Air Dry vs. Kiln Dry
Issue: Issue 4.01
Posted Date: 1/13/2003
Michael Dresdner & Simon Watts
Q. I have a truckload of red oak planks that were sawed from a tree in my yard. I piled them, spaced with stickers, and let them air dry for 3 years. Then I had them planed, and moved them into my garage to dry for another year. A local furniture maker told me that they're only good for firewood, since they weren't kiln dried. He claims that they will all inevitably crack and warp because air drying does not change the molecular structure of the wood as kiln dried does. I would love to get some other opinions on this.

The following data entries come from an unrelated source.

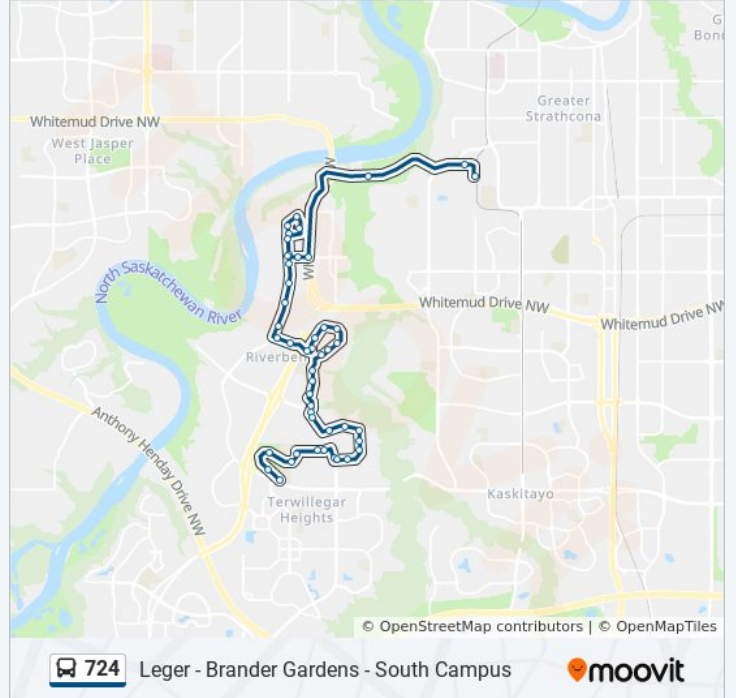

148 Street & 58 Avenue

148 Street & 59 Avenue

Riverbend Road & 56 Avenue

Riverbend Road & 53 Avenue

Riverbend Road & 53 Avenue

724 bus Time Schedule

South Campus Fort Edmonton Transit Centre Bay
C → Leger Transit Centre Bay E Route Timetable:

Stops: 45

Trip Duration: 35 min

Line Summary:

Riverbend Road & 48 Avenue
Riverbend Road & 45 Avenue
Riverbend Road & 43 Avenue
Riverbend Road & 40 Avenue
Rhatigan Road E & 40 Avenue
Bulyea Road & Terwillegar Drive
Burton Road & Burton Close
442 Burton Road West
Burton Road & Burrows Crescent
Burton Road & Burton Crescent
Burton Road & Butterworth Drive
270 Burton Road
Burton Road & Butchart Drive
300 Bulyea Road
Bulyea Road & Buchanan Road N
Bulyea Road & Burgess Close
Oeming Road & Horizon Village
Oeming Road & Oakes Gate
Carter Crest Road E & Rabbit Hill Road
Ogilvie Place & Ogilvie Boulevard
Ockenden Place & Ogilvie Boulevard
Osland Drive & Ogilvie Boulevard
Hodgson Boulevard & Hilliard Green
Hodgson Boulevard & Hilliard Green
Hilliard Green & Hodgson Boulevard
Hayward Crescent W & Hodgson Boulevard
Rabbit Hill Road & Hodgson Boulevard
Leigh Crescent & Leger Boulevard
Leger Boulevard & Leigh Crescent
Leger Way & Leger Boulevard
Leger Way & Leger Road
Terwillegar Rec Center N Ent & Leger Road
2019 Leger Road

724 bus Info

Direction: Whitemud Drive Sb & 53 Avenue → Leger Transit Centre Bay E

Stops: 41

Trip Duration: 29 min

Line Summary:

Osland Drive & Ogilvie Boulevard

Hodgson Boulevard & Hilliard Green

Hodgson Boulevard & Hilliard Green

"Good grief, what hogwash! I have heard the exact same argument in reverse -- that only air-dried wood was worth using. (Guitar makers used to be particularly big on using only air-dried wood, in spite of the fact that the vast majority of guitars are made with kiln-dried wood.) Both statements are silly. If wood is dried correctly, no matter what the method used, it is dried correctly. As a matter of fact, I know of at least two wood processors here in my area that quick-cure cut wood in a vacuum chamber instead of a kiln, and their results are absolutely stellar. Of course, there are many ways to screw up wood both in a kiln and out of it. For what it is worth, wood that is going to crack and warp usually does so during the drying process, so if your wood came out clean, flat, and whole, I'd guess there's some great furniture in its future."
Simon Watts: "Your wood has now reached equilibrium with the conditions of humidity prevailing where you live. That is probably somewhere between 10% and 16%, but it might be a good idea to check it. I much prefer working with air-dry wood, especially oak. Unless kiln-drying is done very carefully, it can cause the cell walls to collapse, degrade the timber, and produce lens-shaped cavities within the plank. You've done the right thing, so go ahead and make what you have in mind while enjoying the virtues of patience."